In relazione ai secondi, la concessione delle attenuanti generiche equivalenti assumerebbe invece rilievo, ma non comporterebbe alcuna diminuzione nel termine di prescrizione in allora vigente, giacché l’equivalenza delle circostanze non incide nella specie sul massimo edittale.
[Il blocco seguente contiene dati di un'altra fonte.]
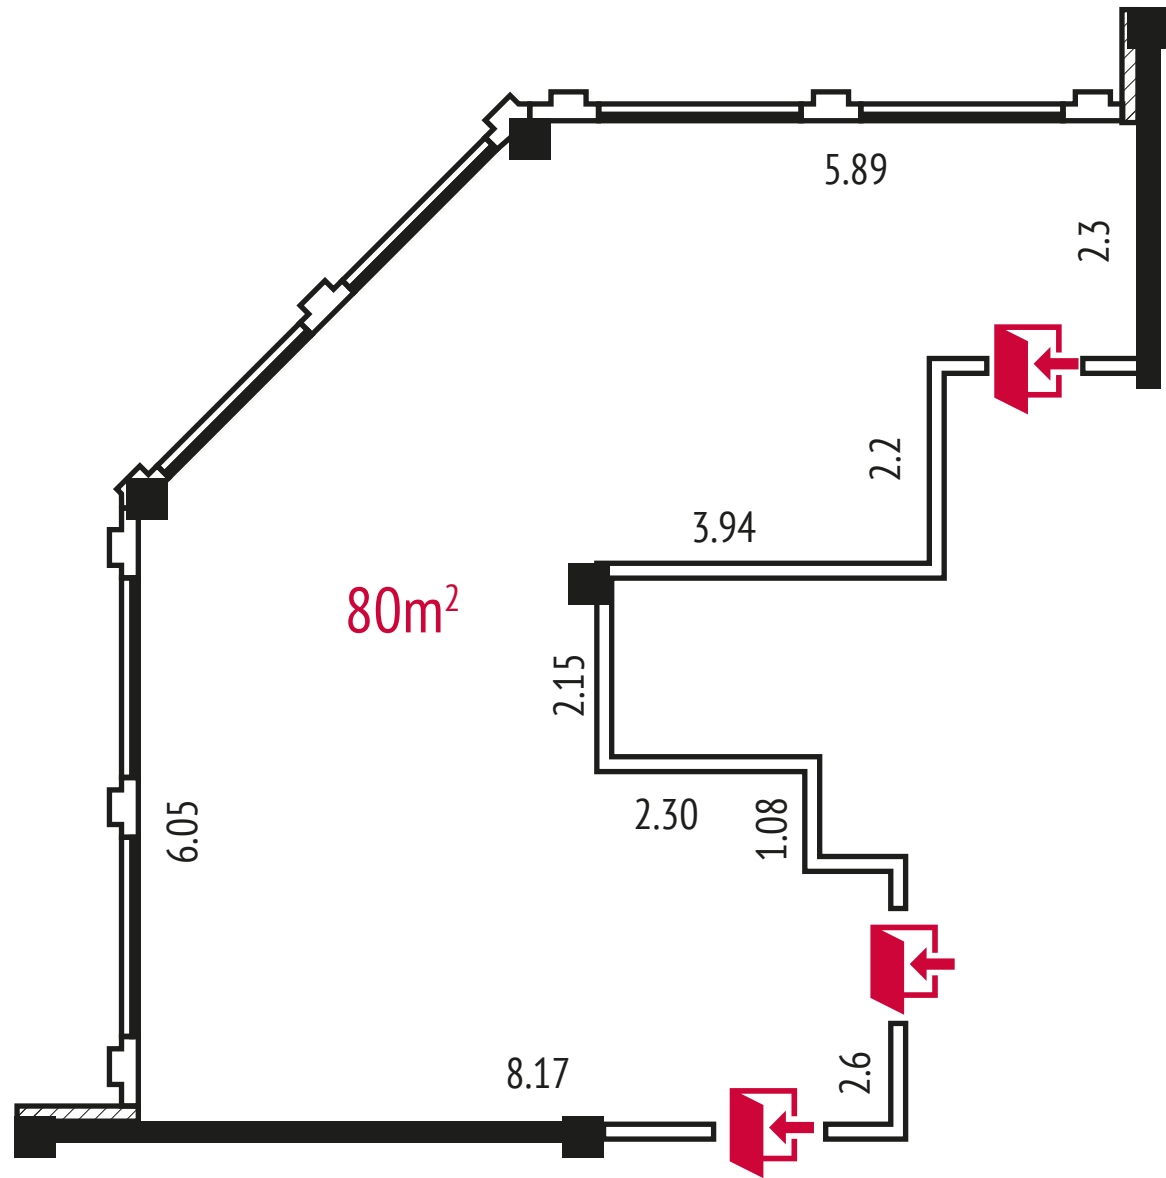

Eureka 6

50m²
Room area

3m
Ceiling Height

Set-up styles:

Theatre
40 guests

Classroom
20 guests

U-shape
16 guests

Boardroom
18 guests

Eureka conference rooms (1-4) & Foyer

254m²
Total area

3m
Ceiling Height

“Agora” Bar

120m²
Bar area

34m²
VIP Room

4.35m
Ceiling Height

Set-up styles:

Classroom

40 guests

Cocktail

60 guests

Theatre

50 guests (full section)

“Jasmine” restaurant

80m²
Room area

3m
Ceiling Height

Set-up styles:

Theatre
30 guests

U-shape
15 guests

For notes:

RAMADA®
ALMATY

RAMADA.

T: +7 727 344 99 99
F: +7 727 345 01 57

Con la conseguenza che, rimanendo quest’ultimo fissato in cinque anni, il tempo necessario a prescrivere secondo la normativa ante Cirielli sarebbe nel minimo di 10 anni, con l’aumento della metà (ossia fino a 15 anni) per effetto dei fatti interruttivi, secondo le regole in allora vigenti.
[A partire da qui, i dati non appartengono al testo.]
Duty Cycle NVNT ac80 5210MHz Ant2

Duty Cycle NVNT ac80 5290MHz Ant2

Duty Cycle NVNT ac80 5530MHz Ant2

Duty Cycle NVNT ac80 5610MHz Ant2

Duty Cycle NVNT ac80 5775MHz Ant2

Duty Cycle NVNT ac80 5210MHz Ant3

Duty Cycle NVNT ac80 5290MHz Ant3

Nel caso in cui, invece, si ritenesse di prendere a riferimento in tutti i casi la normativa in tema di prescrizione vigente al tempo delle condotte contestate agli imputati, varrebbero per tutti i reati le regole da ultimo citate (ossia termine minimo di prescrizione di 10 anni, aumentato a 15 per i fatti interruttivi).
In definitiva, il termine massimo di prescrizione (considerati i fatti interruttivi) è, in tutti i casi, pari a quindici anni, decorrenti ex art. 158 c.p. dal giorno di consumazione dei singoli reati: e, dunque, per ciascuna delle vittime, dal giorno del decesso.
In tutti i casi, inoltre, non si considerano periodi di sospensione del corso della prescrizione, salvo quelli di cui al D.L. n. 18 del 2020, art. 83 convertito con L. 27/2020, riferiti all’emergenza sanitaria da coronavirus: riguardo ai quali, peraltro, la compiuta determinazione è soggetta al vaglio della Corte Costituzionale, che a seguito di ordinanza di rimessione pronunziata dalle Sezioni Unite della Corte il 24 settembre scorso – si pronuncerà il 18 novembre prossimo, con particolare riguardo alla questione di legittimità riferita alla sospensione del termine di prescrizione di cui alla L. n. 27 del 2020, art. 83, comma 3-bis; di tal che in relazione a nessuna delle date di decesso delle persone offese è ad oggi possibile dichiarare l’estinzione del reato.
11. Pertanto, avuto riguardo alle argomentazioni dianzi esposte, la sentenza impugnata va annullata con rinvio ad altra sezione della Corte d’appello di Milano, cui si demanda altresì la regolamentazione delle spese tra le parti per il presente giudizio di legittimità.

 

P.Q.M.
Annulla la sentenza impugnata e rinvia, per nuovo giudizio, ad altra Sezione della Corte d’appello di Milano, cui demanda altresì la regolamentazione delle spese tra le parti relativamente al presente giudizio di legittimità.